3 November 2025
There’s an old joke that the world is divided into two types of people: those who dichotomise everything and those who don’t. But seriously, when it comes to attitudes on aging, the world really does seem to be divided into people who are determined to make it to at least 100 (including my mother, who at 93 is still living in her own home and intends to stay there until she’s carried out in a box), and those who are so averse to the whole idea of getting really elderly, that they’d literally rather die than reach advanced old age. For many people in that latter category, the major factor that puts them off wanting to live into their eighties, nineties and beyond, is the fear of cognitive decline and dementia. After all, who wants to live long enough to celebrate their one hundredth birthday if they’re too far gone to recognise any of the guests?
And yet, we’ve all encountered individuals who remain in remarkably good cognitive condition, all the way to the very end of their long lives. I had the great privilege of attending a public talk given by Eric Storm, dubbed ‘the man who lived in three centuries‘, just a few months shy of his death, which sadly occurred only nine days before his 104th birthday. Unlike Joe Biden, Eric really was sharp as a tack. He spoke without notes, recounting events from decades ago as lucidly as he discussed current affairs. And he was still making money on the stock market (most of which he gifted to charity) almost right up to his death. 1
How do people like Eric manage to stay sharp right up until the end of their long lives, when so many people lose their marbles at much younger ages? Without doubt, there are many factors that influence cognitive health at advanced age. But a large-scale dietary trial called DIRECT-PLUS has illuminated connections between food and brain health that should be grabbing the attention of anyone who wants to retain mental fitness into old age.
DIRECT-PLUS (a somewhat tortured acronym for Dietary Intervention RandomizEd Controlled Trial PoLyphenols Unprocessed Study) recruited participants from a rather unique setting: workers at the Nuclear Research Center Negev2, in Dimona, Israel. The Dimona research centre is an isolated workplace in the Negev Desert, which provides lunch to all employees and also has on-site medical facilities and a fitness centre.3 The researchers were specifically looking for metabolically unhealthy participants with abdominal adiposity (indicated by waist circumference over 102 cm for men, and over 88 cm for women) and/or dyslipidemia (elevated triglycerides and/or low HDL cholesterol). They found 294 such individuals, and randomly allocated them to one of three different interventions:
- A physical activity (PA+HDG) group which received free gym memberships, a workout program and education sessions to encourage moderate-intensity physical activity (aerobic activity plus strength training), along with general guidelines on healthy eating;
- A physical activity plus Mediterranean diet (PA+MED) group which received the same program as the PA+HDG group in addition to nutrition sessions which instructed participants to adopt a traditional Mediterranean diet “rich in vegetables and legumes and low in red meat, with poultry and fish replacing beef and lamb”. Participants were also supplied with a free daily allowance of 28 g walnuts.

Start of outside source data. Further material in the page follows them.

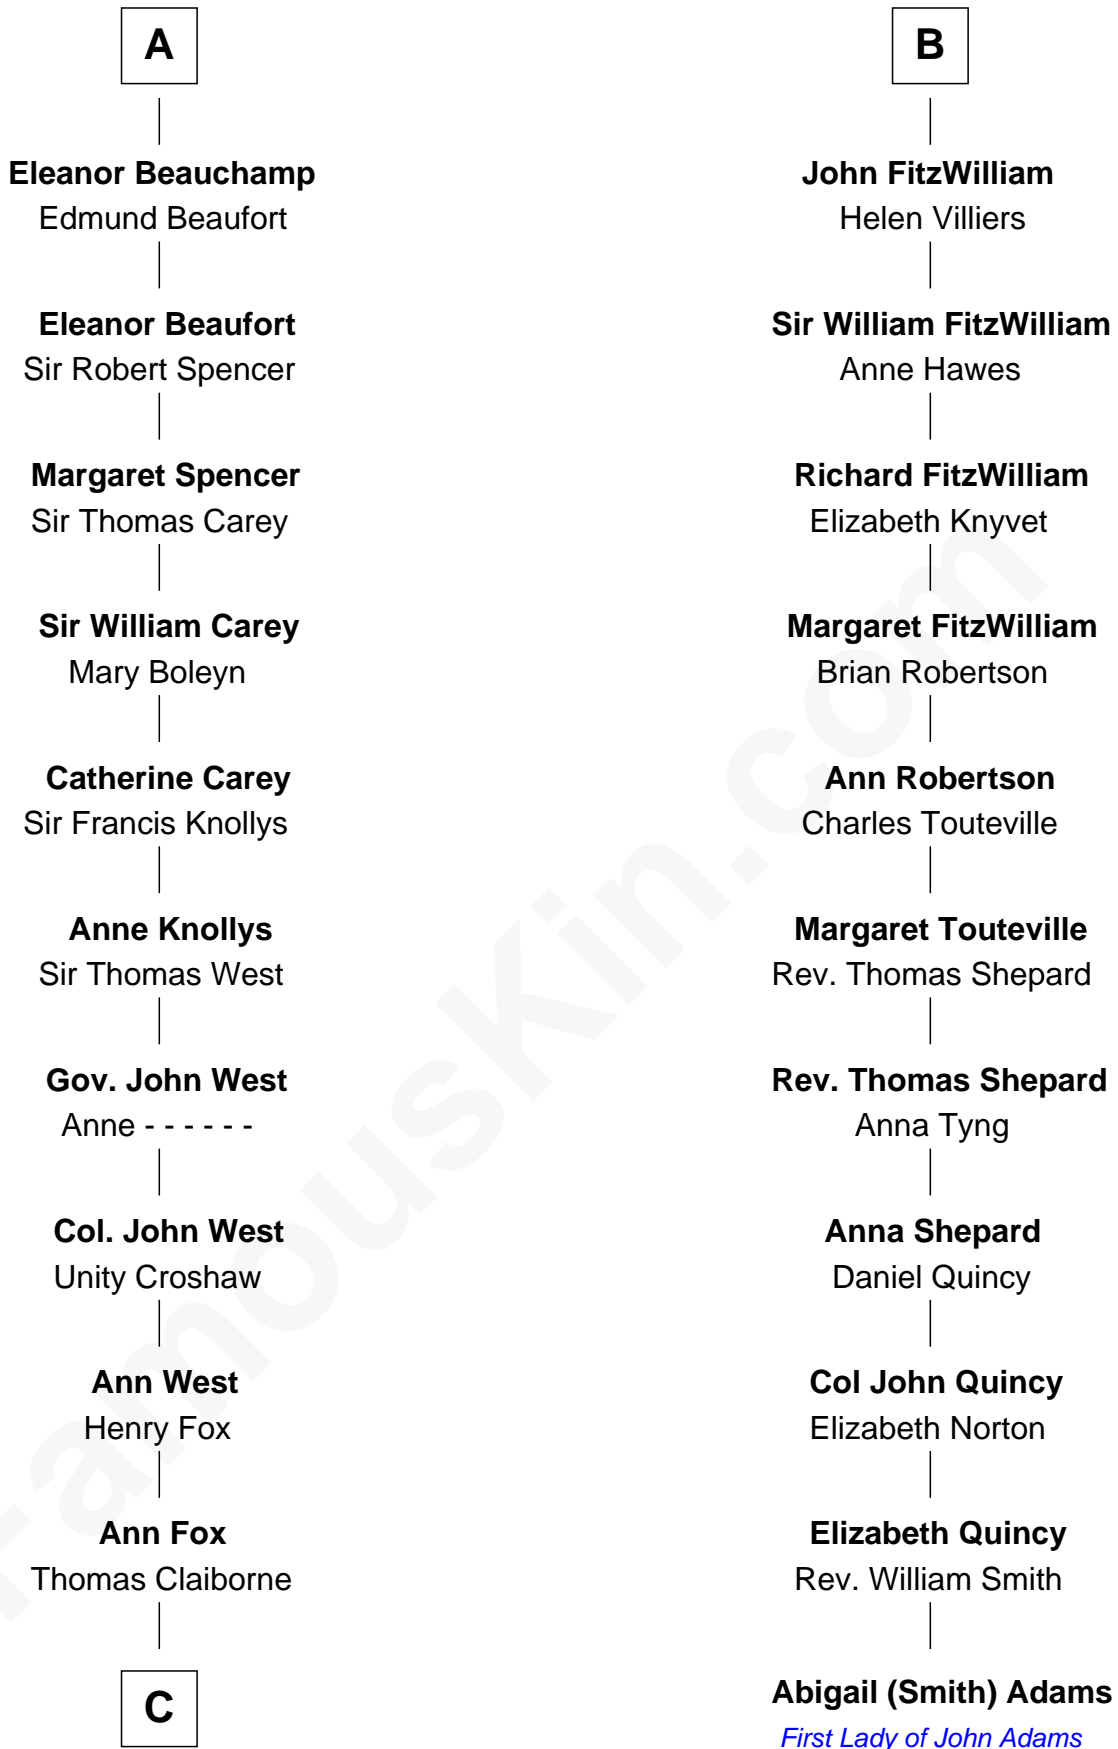

FamousKin.com Relationship Chart of

William C. C. Claiborne

1st Governor of Louisiana

17th cousin 2 times removed of

Abigail (Smith) Adams

First Lady of President John Adams

Sir Richard FitzRoy

Rose de Dover

C

—
Nathaniel Claiborne

Jane Cole

—
William Claiborne

Mary Leigh

—
William C. C. Claiborne

1st Governor of Louisiana

FamousKin.com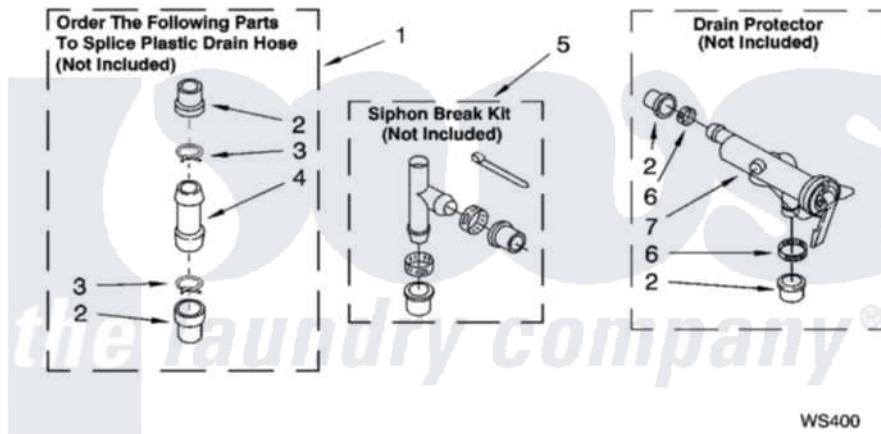

WATER SYSTEM PARTS

For Models: LXR7244JQ2, LXR7244JT2
(Designer White) (Biscuit)

WS400

8180098

11

[Whirlpool Residential Whirlpool LXR7244JQ2 Washer Parts](#) Parts Diagram 07 - WATER SYSTEM PARTS
Click on the part number to view part

Item	Original Part Number	Replaced By	Status	Part Description
1	285442			Water System Parts
2	285321			Water System Parts
3	370447	285655		Clamp, Hose
4	16272			Connector, Straight
5	285320			Water System Parts
6	65349	285655		Clamp, Hose
7	367031			Water System Parts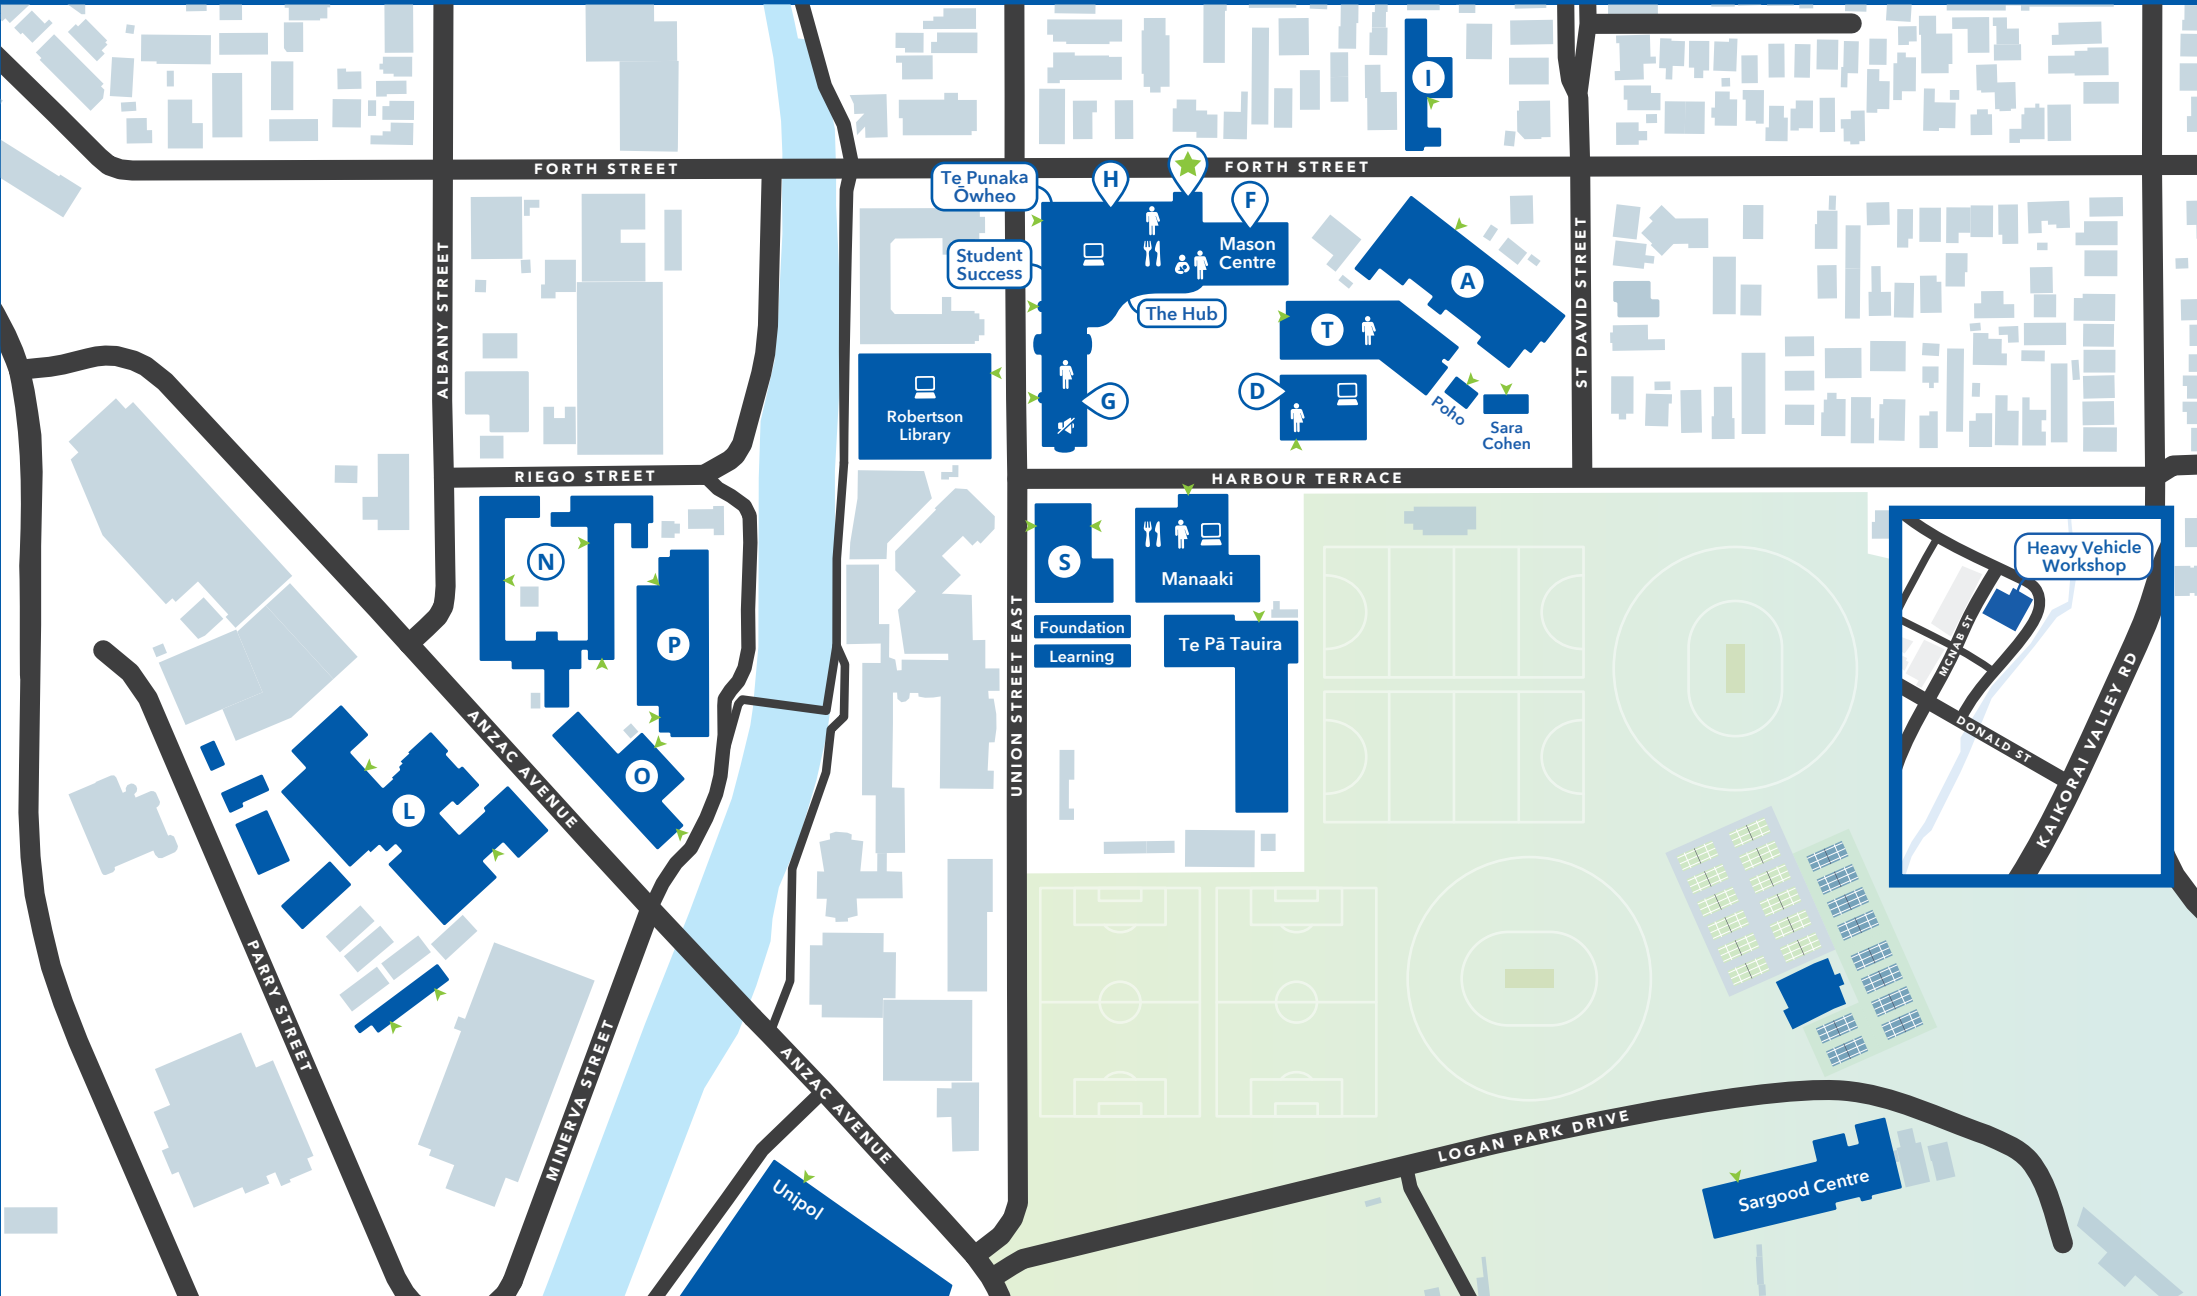

Dunedin Campus

Toilets

Parents' room

Quiet room

Place to eat

Computers

Main entrance and Customer services

A Block

Automotive Engineering
EPICentre
Gown Room
Pasifika Room (opening 2026)

D Block

Level 1 Applied Business and Tourism
Microsoft Learning Suite
Level 2 Information Technology Learning spaces
Level 3 Information Technology Administration and Learning spaces

Te Punaka Ōwheo

Māori staff and student space

Te Pā Taurira

Student Village

Unipol

Recreation Centre and Gym

Not sure where to go?

Please head to our Customer Services desk (Level 1 of the Mason Centre) and our friendly staff will help you find your way.

Toilets

Accessible

D Block
Manaaki
Mason Centre
O Block
P Block

All Gender

D Block
G Block
H Block
T Block
Mason Centre
O Block
P Block
Sargood Centre
Manaaki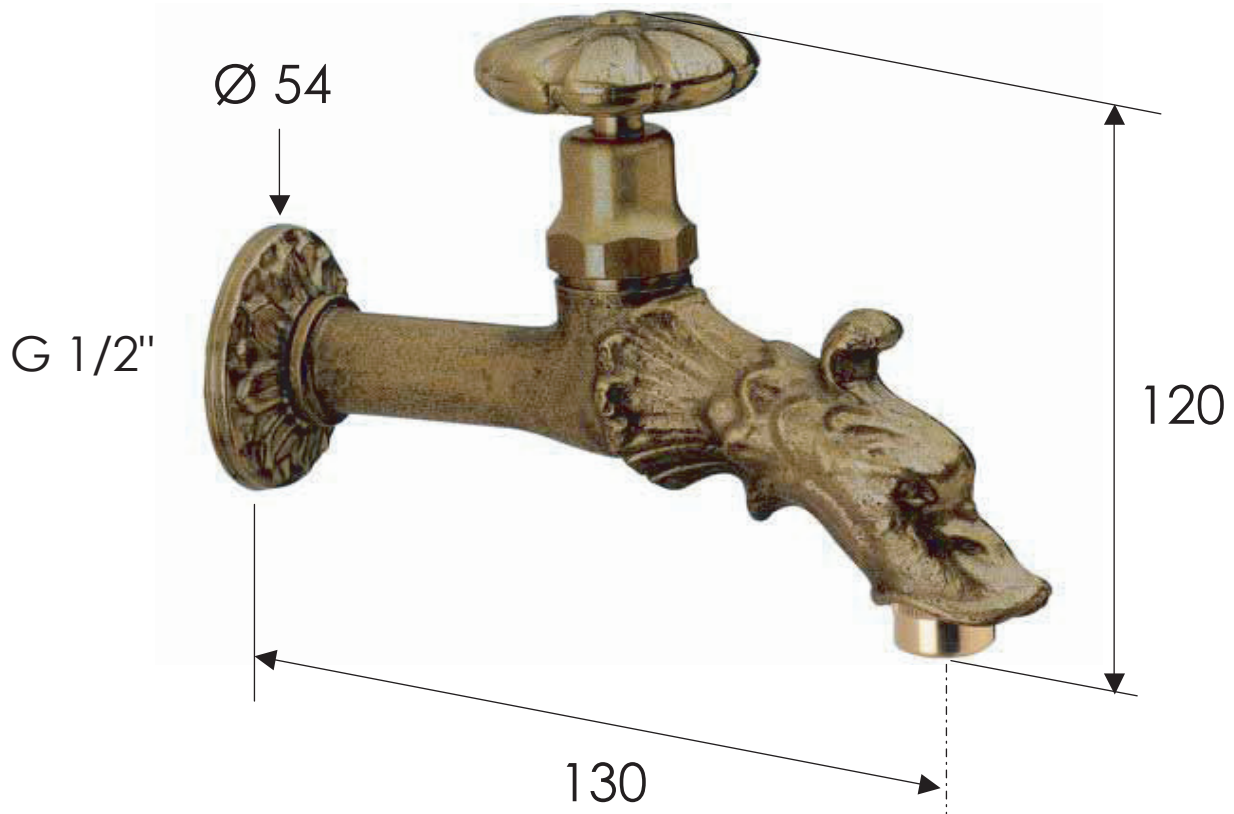

REMER

RUBINETTERIE

SCHEDA TECNICA

TECHNICAL FEATURES

ART. COD.

202MA

RIDUZIONE 3/4" PER PORTAGOMMA
3/4" REDUCTION FOR HOSE CONNECTION

MATERIALI / MATERIALS

OTTONE GIALLO / YELLOW BRASS

Via Leonardo da Vinci 83 - 20062 Cassano d'Adda (MI) Italy - Tel. +39-0363 364211

info@remer.eu www.remer.eu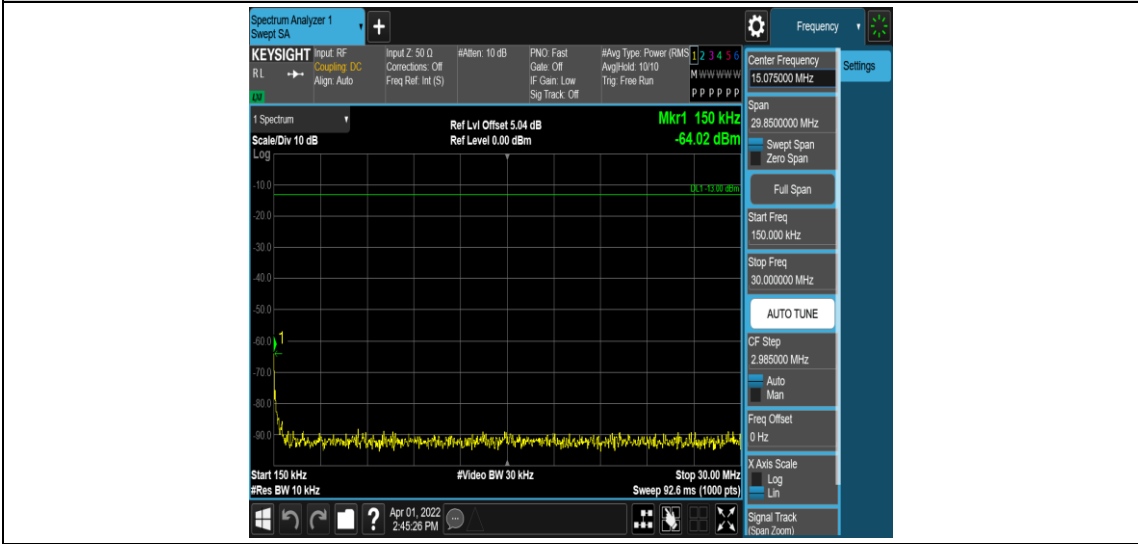

Band26-5MHz-16QAM-26815-1RB#0-Range2:0.15~30MHz

Band26-5MHz-16QAM-26815-1RB#0-Range3:30~1000MHz

Band26-5MHz-16QAM-26815-1RB#0-Range4:1000~10000MHz

Band26-5MHz-16QAM-26915-1RB#0-Range1:0.009~0.15MHz

Band26-5MHz-16QAM-26915-1RB#0-Range2:0.15~30MHz

Band26-5MHz-16QAM-26915-1RB#0-Range3:30~1000MHz

Band26-5MHz-16QAM-26915-1RB#0-Range4:1000~10000MHz

Band26-5MHz-16QAM-27015-1RB#0-Range1:0.009~0.15MHz

Band26-5MHz-16QAM-27015-1RB#0-Range2:0.15~30MHz

Band26-5MHz-16QAM-27015-1RB#0-Range3:30~1000MHz

- A physical activity plus Mediterranean diet plus greens group (PA+green-MED) which received the same intervention as group 1, the 28 g of walnuts per day, and instructions to adopt a Mediterranean diet even lower in poultry, and red and processed meat, and higher in fish, than group 2. In addition, they were asked to drink three to four cups of green tea per day, and to incorporate 100 g of frozen cubes of Mankai (Wolffia globosa, also known as duckweed, a high-fibre and high-protein aquatic plant consumed in southeast Asia) into a green smoothie, to be used as partial replacement for animal protein at dinner. Both green tea and Mankai are particularly rich in plant compounds known as polyphenols (found in abundance in fruits, vegetables, wholegrains, legumes, nuts, herbs and spices), which have been suggested to play key roles in the health benefits associated with the Mediterranean diet.
All participants received lunches conforming to their dietary assignment, in their workplace cafeteria. Each group received a similar number of group sessions and level of personal guidance during the trial, in order to minimise one of the major sources of bias that often besets lifestyle intervention trials – namely, that the mere fact of being enrolled in a study, and receiving attention from research staff, tends to improve participants’ outcomes.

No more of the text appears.